# [Records provided]
↓

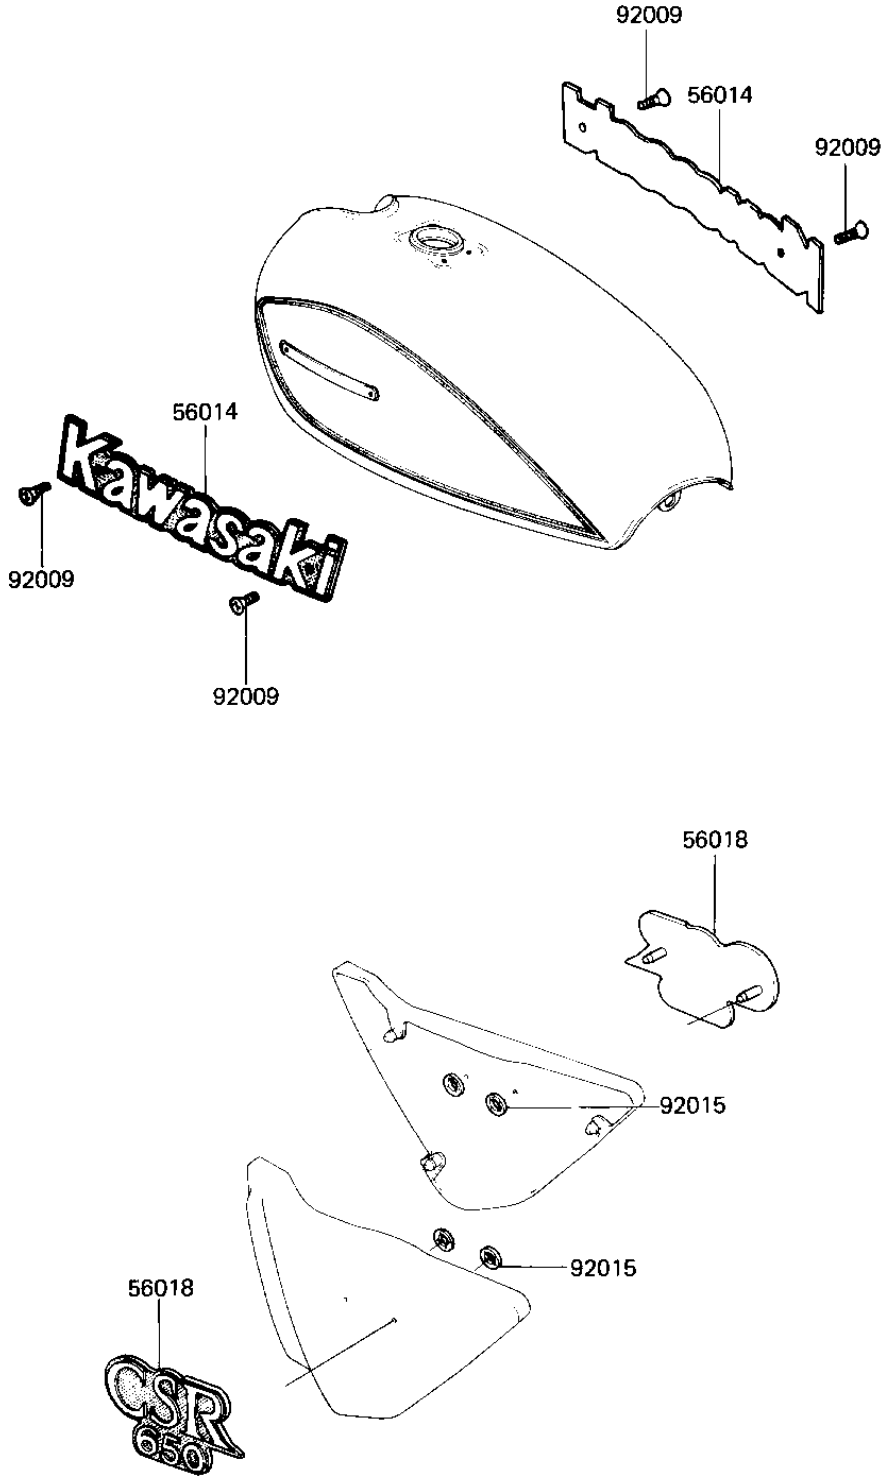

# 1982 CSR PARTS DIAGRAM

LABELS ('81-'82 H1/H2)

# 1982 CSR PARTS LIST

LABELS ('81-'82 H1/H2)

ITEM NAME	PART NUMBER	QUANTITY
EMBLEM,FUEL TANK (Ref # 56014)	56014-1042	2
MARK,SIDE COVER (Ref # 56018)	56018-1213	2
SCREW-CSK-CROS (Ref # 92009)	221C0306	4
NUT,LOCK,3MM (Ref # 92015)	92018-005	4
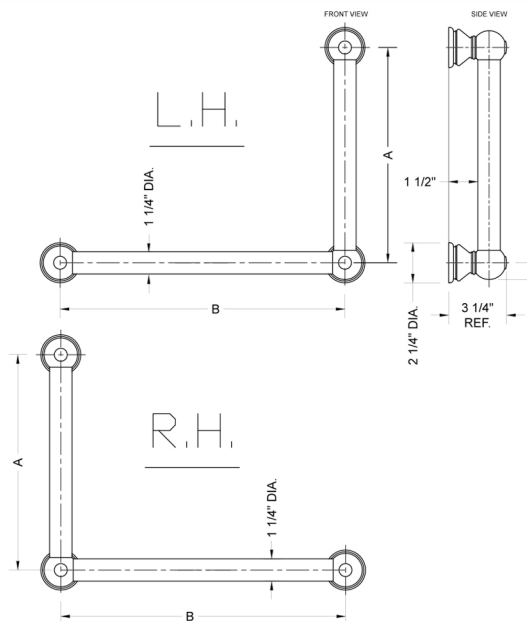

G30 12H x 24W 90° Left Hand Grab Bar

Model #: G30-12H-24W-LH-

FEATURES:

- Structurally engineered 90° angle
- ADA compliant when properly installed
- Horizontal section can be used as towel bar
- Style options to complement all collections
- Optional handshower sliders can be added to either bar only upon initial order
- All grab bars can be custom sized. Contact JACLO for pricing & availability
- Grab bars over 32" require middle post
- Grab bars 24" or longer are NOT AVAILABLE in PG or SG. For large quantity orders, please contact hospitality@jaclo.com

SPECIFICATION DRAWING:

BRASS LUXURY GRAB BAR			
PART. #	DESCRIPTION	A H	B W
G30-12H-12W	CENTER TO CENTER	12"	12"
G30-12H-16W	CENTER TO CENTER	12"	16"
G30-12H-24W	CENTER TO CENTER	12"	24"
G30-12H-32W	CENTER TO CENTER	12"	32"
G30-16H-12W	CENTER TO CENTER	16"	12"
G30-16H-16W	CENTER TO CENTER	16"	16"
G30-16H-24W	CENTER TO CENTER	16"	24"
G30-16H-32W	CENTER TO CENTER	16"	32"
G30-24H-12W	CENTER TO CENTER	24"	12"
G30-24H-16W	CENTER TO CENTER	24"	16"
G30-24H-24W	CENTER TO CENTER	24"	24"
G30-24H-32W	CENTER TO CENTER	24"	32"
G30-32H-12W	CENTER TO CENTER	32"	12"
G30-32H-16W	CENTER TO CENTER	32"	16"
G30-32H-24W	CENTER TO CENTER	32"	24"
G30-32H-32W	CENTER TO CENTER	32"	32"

↑
↓

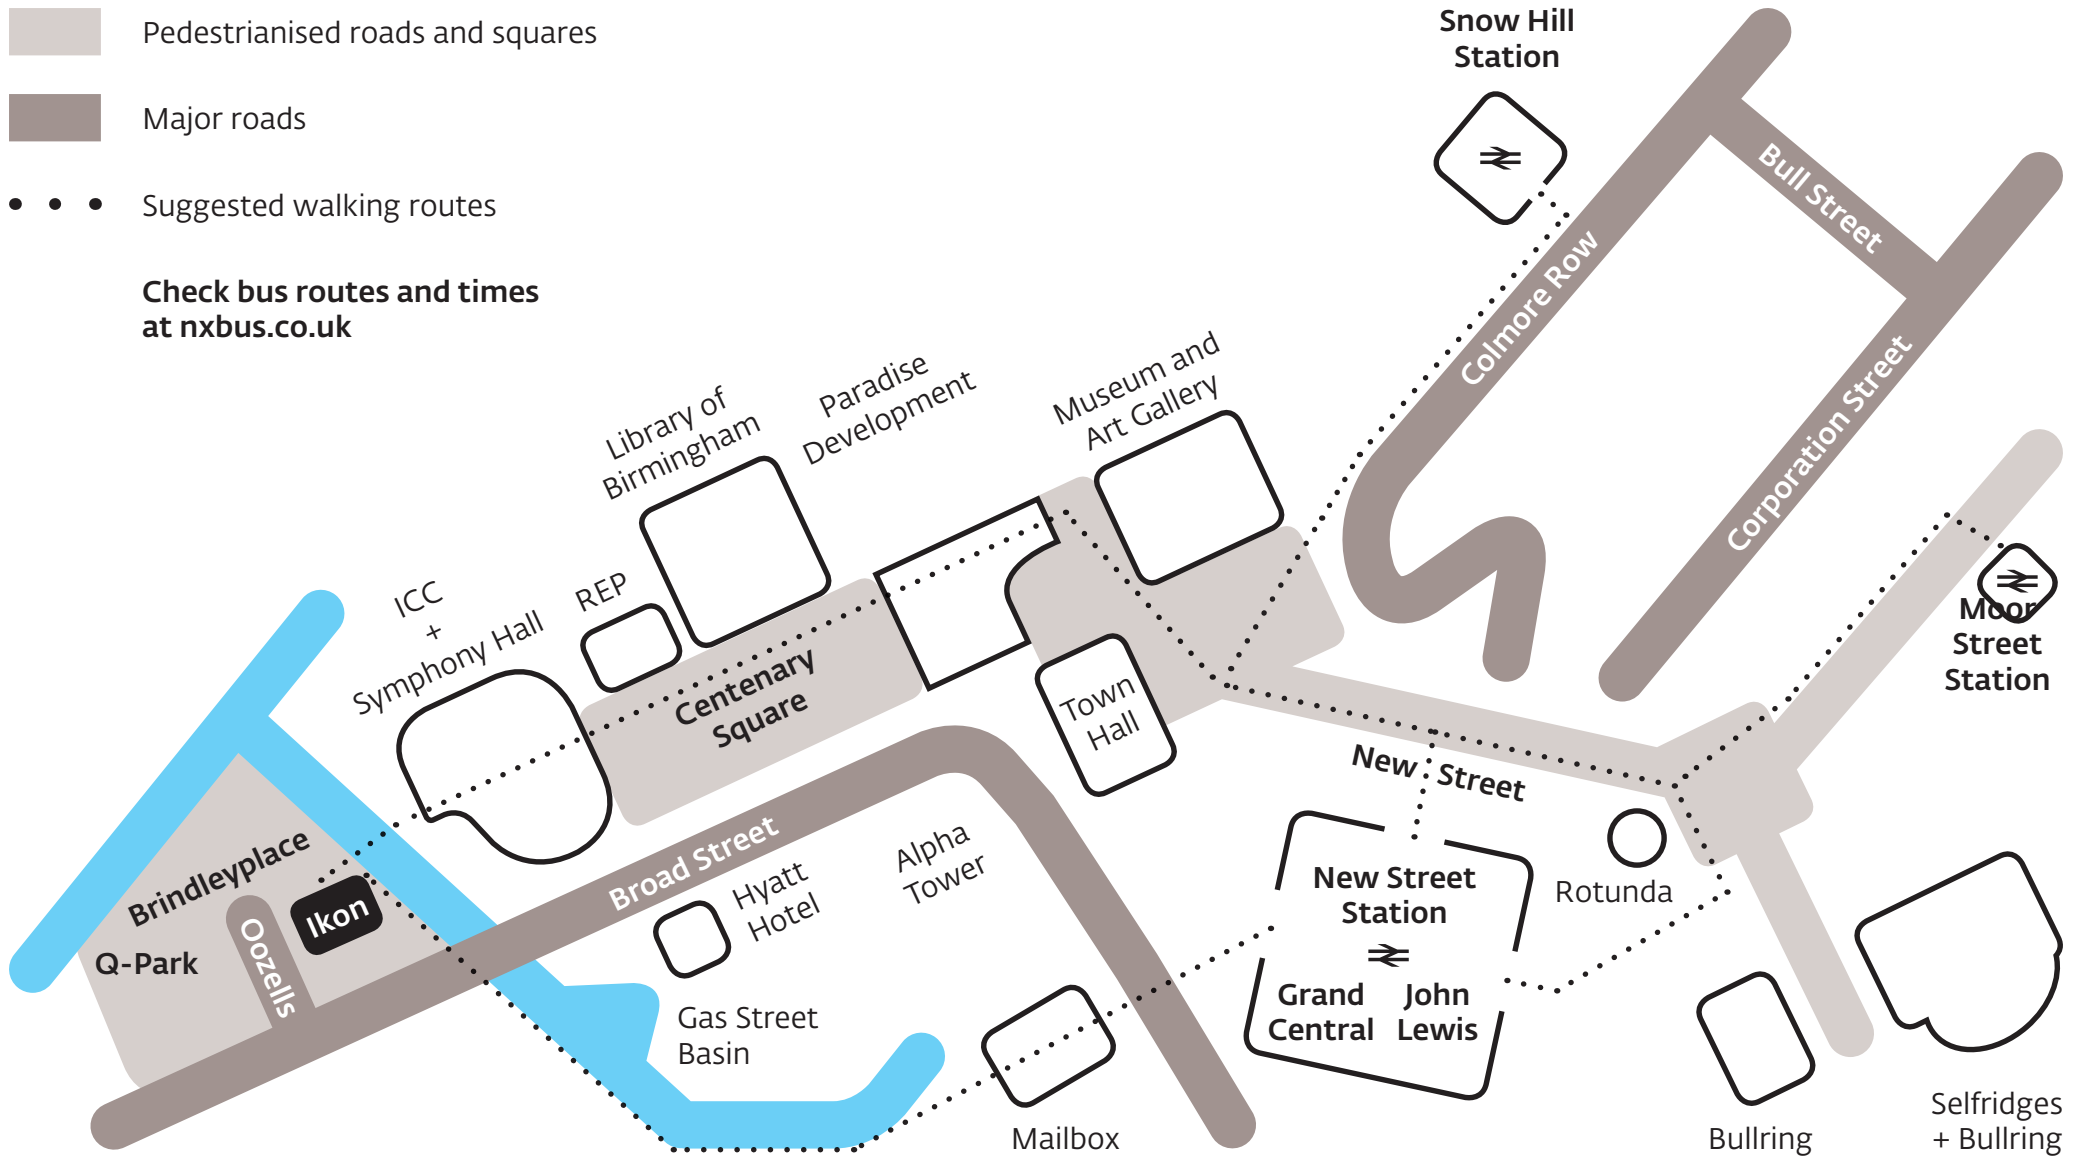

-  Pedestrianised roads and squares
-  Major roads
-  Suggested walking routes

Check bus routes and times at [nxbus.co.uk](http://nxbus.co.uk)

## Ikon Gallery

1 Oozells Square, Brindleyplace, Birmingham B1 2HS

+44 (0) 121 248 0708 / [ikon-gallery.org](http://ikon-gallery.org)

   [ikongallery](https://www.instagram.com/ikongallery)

↑

# [Work to be completed]
Set down, exactly as they stand above, the lines starting with the line with "roads and squares" and going on through the line with "[ikongallery](https://www.instagram.com/ikongallery)", and no others.

# [Result]
-  Pedestrianised roads and squares
-  Major roads
-  Suggested walking routes

Check bus routes and times at [nxbus.co.uk](http://nxbus.co.uk)

## Ikon Gallery

1 Oozells Square, Brindleyplace, Birmingham B1 2HS

+44 (0) 121 248 0708 / [ikon-gallery.org](http://ikon-gallery.org)

   [ikongallery](https://www.instagram.com/ikongallery)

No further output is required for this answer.